**Your task**
Give back the lines of the entries below exactly as written, from the first line to the line holding "Uno splendido idromassaggio", both included, with the pictures omitted.
*** Exercise materials ***
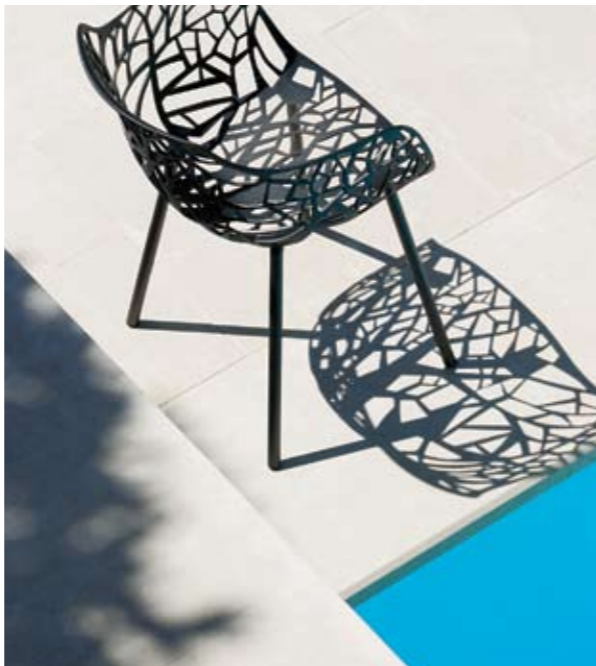

TENDENZA Per il vostro salotto all'aperto

Arredate con noi il vostro "posto al sole": vi proponiamo una vasta scelta di mobili per giardino classici e di design, costruiti con nuovi materiali, che permettono ampie soluzioni d'arredo personalizzate.

I mobili selezionati e proposti da Arte Pool vengono prodotti secondo i più alti standard di qualità, conferendo resistenza alle intemperie, in unione con un design esclusivo. Per avere un prodotto unico e durevole.

Siamo lieti di soddisfare ogni vostra richiesta: non esitate a contattarci! I nostri agenti sono sempre a vostra disposizione per elaborare con voi le vostre idee d'arredo.

Disponibile in catalogo direttamente sul nostro sito www.artepool.ch

CON GLI ARCHITETTI, CON LE AGENZIE IMMOBILIARI Uno chalet da sogno

Uno splendido idromassaggio della Jacuzzi USA serie "Premium" - che potete trovare in esclusiva solo da Artepool - è un accessorio esterno che, posato su una veranda, dona esclusività ed unicità al più prestigioso degli chalet, per i vostri clienti più esigenti.

Ma tutto ciò non è un sogno esclusivo dedicato ad una limitata cerchia di clienti: grazie a 50 anni di evoluzioni tecniche innovative, Jacuzzi USA mette a disposizione la serie "Premium", una gamma

di vasche idromassaggio adattabili a tutti gli ambienti e a tutti i portafogli, per trasformare la casa di ogni vostro cliente in uno chalet da sogno.

Da Artepool potete visionare le Jacuzzi USA Premium nell'esposizione permanente.

Disponibile in catalogo direttamente sul nostro sito www.artepool.ch
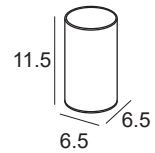

1715

Portacepillos sobremesa

Table toothbrush holder
Porte-brosse de table
Escova de dentes da tabela

Cromo / Chrome

11 €
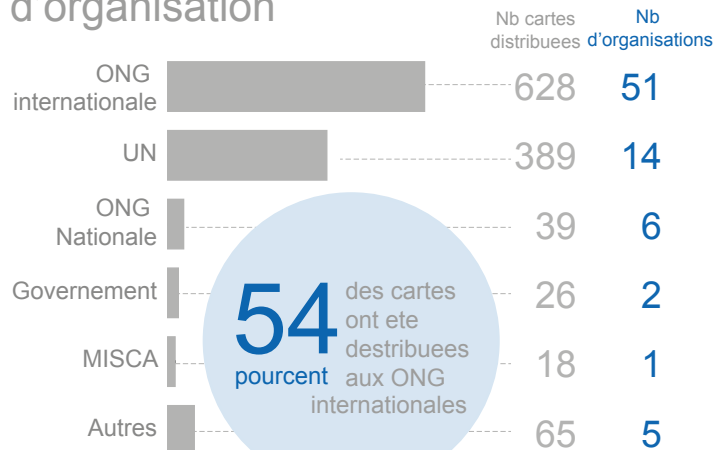

# Central African Republic: Services offerts (as of 30 April)

**1,165**

Cartes ✓

L'Unité IM\* d'OCHA a imprimé de Janvier a Avril 2014 1,165 cartes aux partenaires humanitaires. Il s'agit notamment des cartes de référence, thématiques et a la demande, et on en compte 76 au total.

**79**

ORGANISATIONS  
CONTRIBUANT A  
RESPONDRE A LA  
CRISE EN RCA

**76**

pourcent

types de cartes ont ete produites par l'Unité IM aux differents partenaires humanitaires

## Cartes distribuées par type d'organisation

## Les cartes demandées suivant les points chauds d'incidents
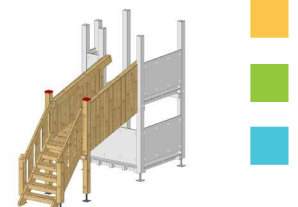

## Holzaufstieg

Füllung aus HD-PE 12mm oder Holz, Breite 80 cm

12-7249 Länge 271 cm CHF 2400.-  
12-7249 Länge 371 cm CHF 2850.-  
12-7249 Länge 471 cm CHF 3350.-
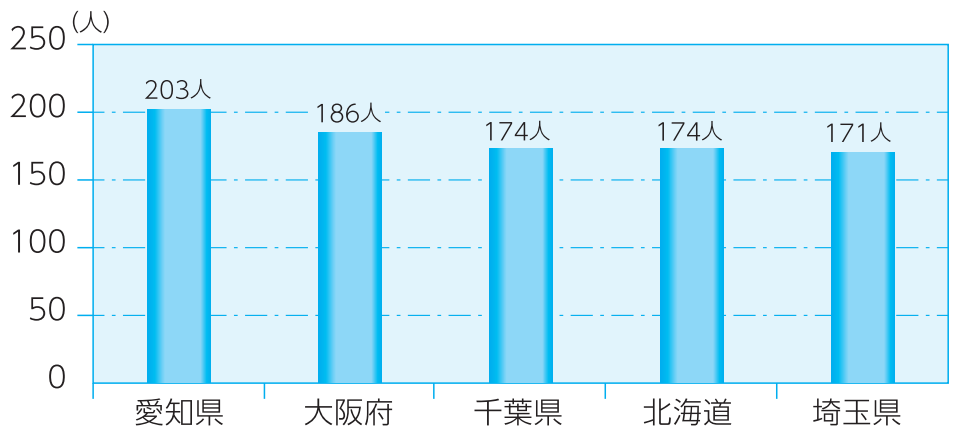

【死者数の多い県】※

※高速道路上での死者数含まず
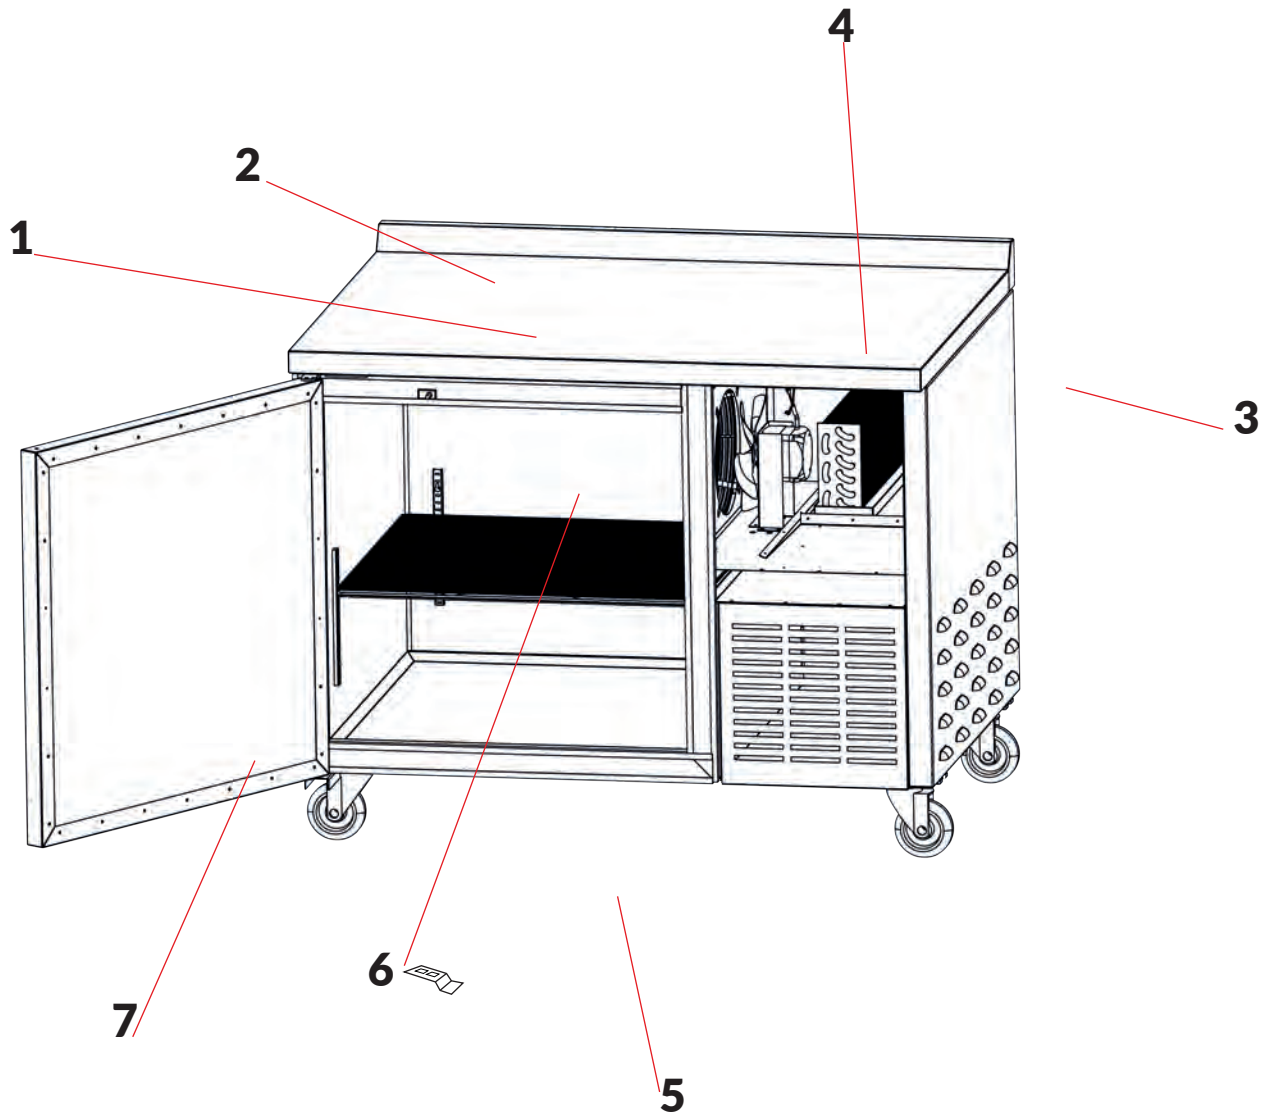

# MESAS FRÍAS

Explosionado Modelo PTP-21

REV 01/17

## Lista de Refacciones Modelo PTP-21

REV 01/17

No.	Descripción	Código
01	PUERTA IZQ. Y COMP PTP	1F-XPT-P0011
02	CAJON Y COMPLEMENTOS PTP	1F-XPT-P0010
03	TAPA SUPERIOR GRANDE Y COMPLEMENTOS PTP	1F-XPT-P0021
04	TAPA SUPERIOR CHICA Y COMPLEMENTOS PTP	1F-XPT-P0022
05	JALADERA P/TAPAS SUPERIORES PTP'S	1F-XSP-P0025
06	JALADERA NEGRA C/TUERCA DE SEGURIDAD PTP	1F-PLLM-0050
07	CABLE DE SERV 3X18 NEMA 5-15P 1.9M UL	1F-ELCL-0029
08	RODAJA C/ FRENO BASE POLIPRO 4inD PTP	1F-PLRO-0001
09	RODAJA S/FRENO C/BASE POLIPRO 4in PTP	1F-PLRO-0002
10	SOPORTE P/MESA PTP	1F-XLP-P0027
11	CUBIERTA FRONTAL P UNIDAD PTP	1F-XLP-P0014
12	TOALLERO	1F-XPT-P0015
13	CONTROL DE TEMPERATURA CTR P/PTP.	1F-COTE-0064
14	MESA Y COMPLEMENTOS PTP	1F-XPT-P0020
***
**Exercise answer**
TENDENZA Per il vostro salotto all'aperto

Arredate con noi il vostro "posto al sole": vi proponiamo una vasta scelta di mobili per giardino classici e di design, costruiti con nuovi materiali, che permettono ampie soluzioni d'arredo personalizzate.

I mobili selezionati e proposti da Arte Pool vengono prodotti secondo i più alti standard di qualità, conferendo resistenza alle intemperie, in unione con un design esclusivo. Per avere un prodotto unico e durevole.

Siamo lieti di soddisfare ogni vostra richiesta: non esitate a contattarci! I nostri agenti sono sempre a vostra disposizione per elaborare con voi le vostre idee d'arredo.

Disponibile in catalogo direttamente sul nostro sito www.artepool.ch

CON GLI ARCHITETTI, CON LE AGENZIE IMMOBILIARI Uno chalet da sogno

Uno splendido idromassaggio della Jacuzzi USA serie "Premium" - che potete trovare in esclusiva solo da Artepool - è un accessorio esterno che, posato su una veranda, dona esclusività ed unicità al più prestigioso degli chalet, per i vostri clienti più esigenti.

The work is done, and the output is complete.